[Records provided]

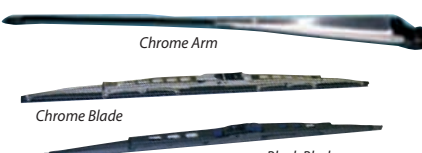

All PRICES INCLUDE V.A.T

STYLING

Morette Twin headlight kits are the very best available, ready to fit, and come fully assembled. Formed in high quality black ABS for easy colour coding. Spray service available at extra cost please call for quote. Some applications have load correctors (L/C). To find out if your car has load correctors it will have a switch on the dash, which controls the in-built motors that moves your headlamp beam up and down.

Application	Price	Application	Price
Astra Mk1/2	£268	Corsa B 97 > L/C	£329
Astra Mk3	£305	Corsa C 00-03	£369
Astra Mk3 L/C	£323	Corsa C 00-03 L/C	£376
Astra Mk4(G) L/C	£376	Corsa C 04> NEW	£396
Carlton	£275	(Bosch/ZKW)L/C	£396
Cavalier Mk3	£290	Nova	£292
Corsa B 94-03/97	£329	Vectra B 97>	£356
Corsa B 94-03/97 L/C	£336	Vectra B 97 L/C	£367
Corsa B GSi to 03/97	£329	Vivaro L/C	£316
Corsa B GSi to 03/97 L/C	£336	Corsa C Rear light	£249
Corsa B 97 >	£321	Astra H Rear light	£POA

FULLY TAILORED CARPET MATS

Superior tufted quality car mats set. Fully tailored set of 4 mats are available to fit all Vauxhalls. Available in two mat colours with Seven colour options for edging. Also includes embroidered logos, many to choose from including SRI, GSi, GTi, Motorsport, 16v, VTR, VTS, Turbo etc....please call. **From £59**

Mat without chequered heel from **£59**

with chequered heel Additional **£10 Per plate**

ATD SPORTS DOOR CILLS

Protect your Car paintwork. Polished 304 stainless steel with etched logo and self adhesive fixings (No drilling required).
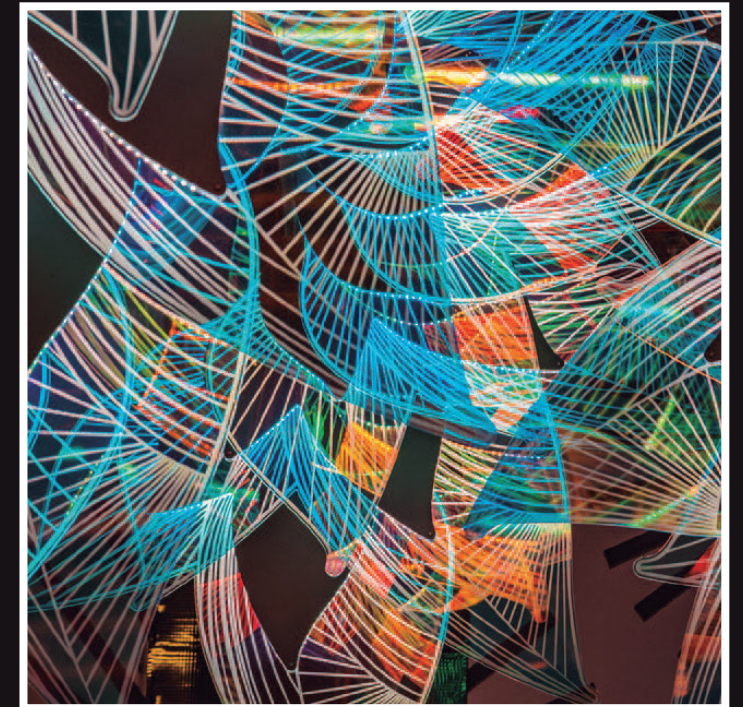

Dimensions

9.5 ft H x 10.1 ft W

FOREST LEAF SKULL

ECP-DDM-810602

Materials

- Gold lacquered structure
- Pure white rope light
- Leaves of forest dichroic that produce a highly decorative effect
- Real effect, dichroic sheets on eyes, circles and cross

Dimensions

9 ft H x 9.8 ft W

HEADDRESS SKULL

ECP-DDM-902910

Materials

- Gold lacquered structure
- Pure white rope light
- Warm white string light
- Leaves of forest dichroic that produce a highly decorative effect
- Real effect, dichroic sheets on eyes and circles

Dimensions

9.1 ft H x 9.8 ft W

SKULL WALL

ECP-DDM-706802

Materials

- Gold lacquered structure
- Pink rope light
- Real effect milling methacrylate
- Real effect, dichroic sheet

Dimensions

7.5 ft H x 8.1 ft W

[/Records provided]

▶ [What the exercise asks]: The lines from the one with "- Pink rope light" through the final line of the data are to be reproduced exactly, both included, with no other lines.

▶ [Result]:
- Pink rope light
- Real effect milling methacrylate
- Real effect, dichroic sheet

Dimensions

7.5 ft H x 8.1 ft W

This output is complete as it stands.